### Task brief
The required output is the exact sequence of lines from the line holding "- Настенный монтаж и винтовое соединение" to the end of the records, inclusive.

Records from a dataset
····················

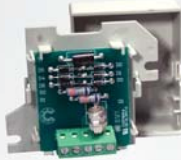

УЗИП для 1,2 и 4 пар Серии B180, B280, B480

B480

B180

B180

B280-B480

- от 1 до 4-парные блоки устройств защиты
- Для всех видов телефонных линий и линий передач данных
- Съёмная плата с элементами защиты
- Настенный монтаж и винтовое соединение
- Соответствует стандартам IEC 61643-21 и ГОСТ IEC 61643-21-2014
- UL497 A

····················

### Task result
- Настенный монтаж и винтовое соединение
- Соответствует стандартам IEC 61643-21 и ГОСТ IEC 61643-21-2014
- UL497 A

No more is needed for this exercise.